(Information supplied Opens)

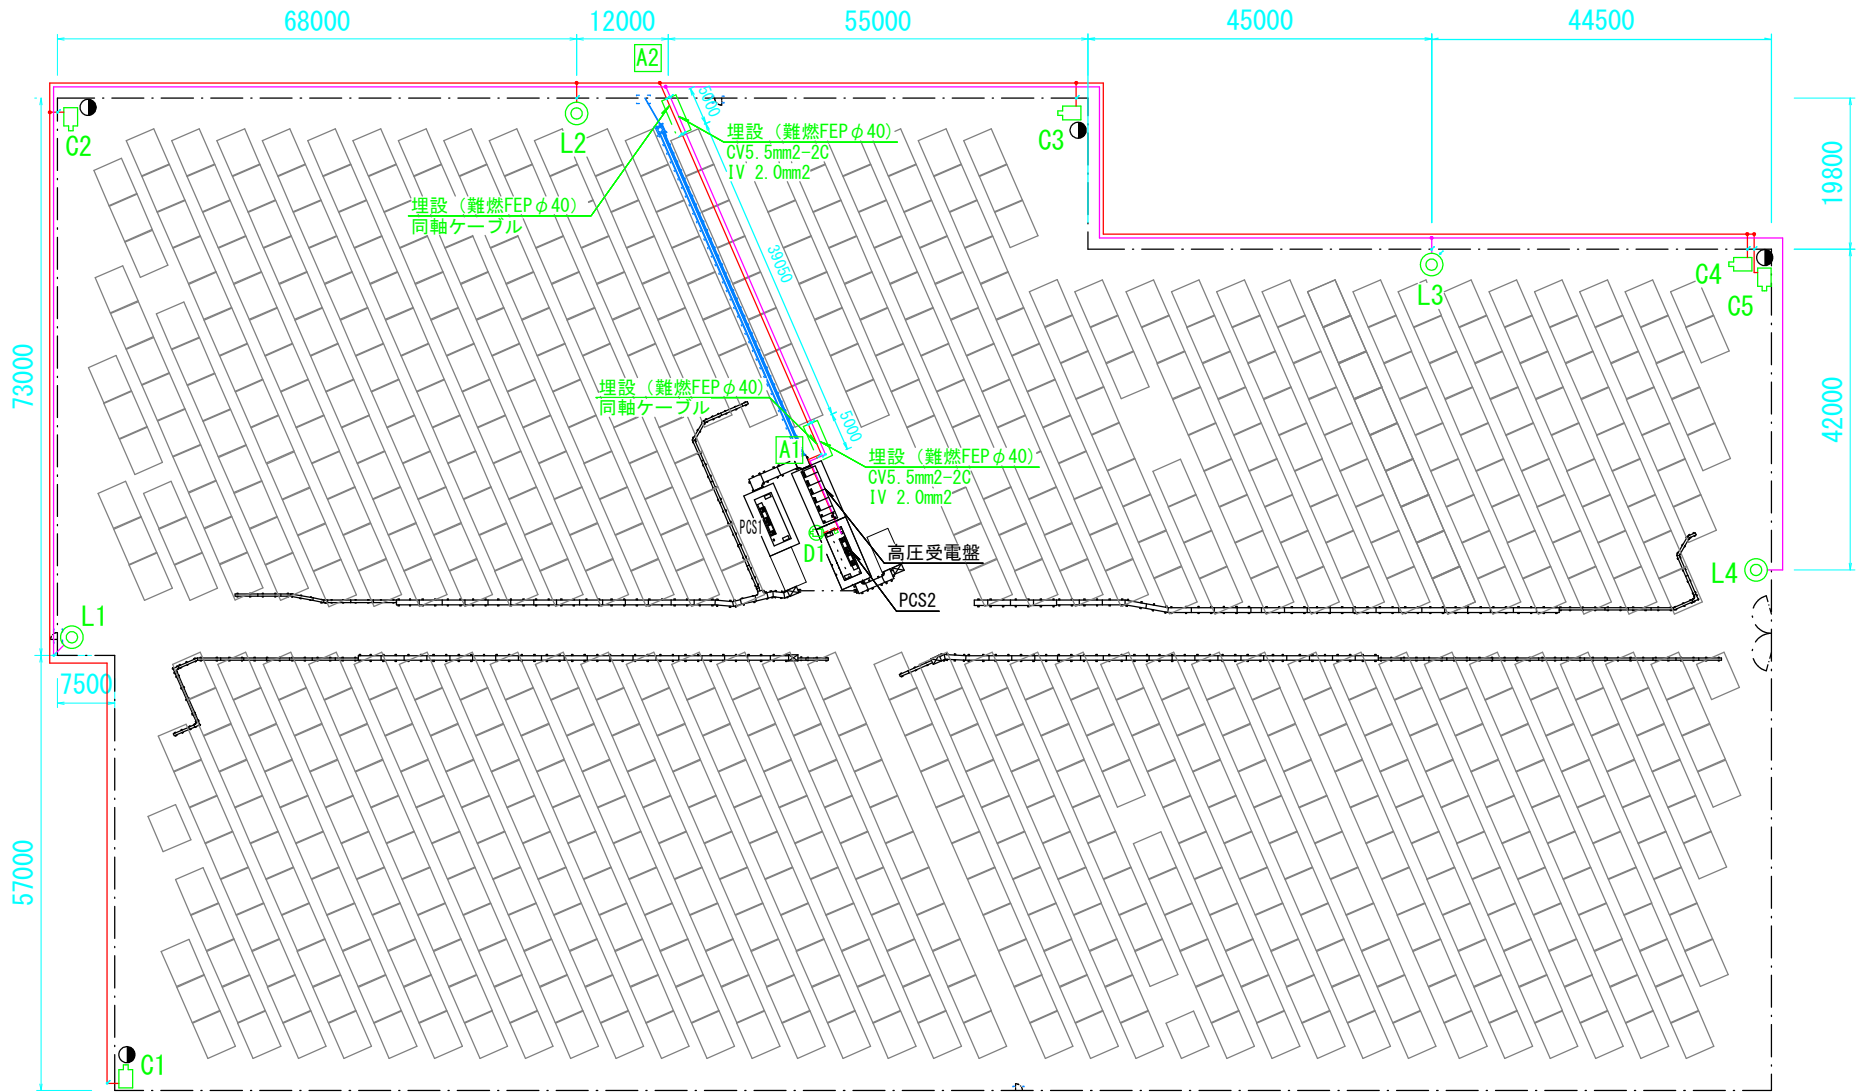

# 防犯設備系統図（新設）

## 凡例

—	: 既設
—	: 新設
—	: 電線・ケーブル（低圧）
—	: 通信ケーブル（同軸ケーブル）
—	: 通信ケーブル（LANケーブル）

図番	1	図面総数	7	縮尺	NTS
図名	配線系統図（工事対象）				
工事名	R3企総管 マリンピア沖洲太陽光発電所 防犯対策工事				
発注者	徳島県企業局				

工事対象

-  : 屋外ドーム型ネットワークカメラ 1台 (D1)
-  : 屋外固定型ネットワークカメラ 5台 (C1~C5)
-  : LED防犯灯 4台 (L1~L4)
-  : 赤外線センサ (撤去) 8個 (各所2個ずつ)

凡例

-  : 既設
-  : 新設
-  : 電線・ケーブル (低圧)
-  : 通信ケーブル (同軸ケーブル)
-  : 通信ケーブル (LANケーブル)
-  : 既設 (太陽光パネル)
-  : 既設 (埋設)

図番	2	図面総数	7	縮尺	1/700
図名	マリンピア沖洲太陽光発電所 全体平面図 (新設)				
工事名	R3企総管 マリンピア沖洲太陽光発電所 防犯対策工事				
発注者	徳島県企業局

(Information supplied Closes)

[Exercise prompt]: Because the pictures are not wanted, retype only the text of every record, exactly as given.

[Expected answer]:
# 防犯設備系統図（新設）

## 凡例

—	: 既設
—	: 新設
—	: 電線・ケーブル（低圧）
—	: 通信ケーブル（同軸ケーブル）
—	: 通信ケーブル（LANケーブル）

図番	1	図面総数	7	縮尺	NTS
図名	配線系統図（工事対象）				
工事名	R3企総管 マリンピア沖洲太陽光発電所 防犯対策工事				
発注者	徳島県企業局				

工事対象

-  : 屋外ドーム型ネットワークカメラ 1台 (D1)
-  : 屋外固定型ネットワークカメラ 5台 (C1~C5)
-  : LED防犯灯 4台 (L1~L4)
-  : 赤外線センサ (撤去) 8個 (各所2個ずつ)

凡例

-  : 既設
-  : 新設
-  : 電線・ケーブル (低圧)
-  : 通信ケーブル (同軸ケーブル)
-  : 通信ケーブル (LANケーブル)
-  : 既設 (太陽光パネル)
-  : 既設 (埋設)

図番	2	図面総数	7	縮尺	1/700
図名	マリンピア沖洲太陽光発電所 全体平面図 (新設)				
工事名	R3企総管 マリンピア沖洲太陽光発電所 防犯対策工事				
発注者	徳島県企業局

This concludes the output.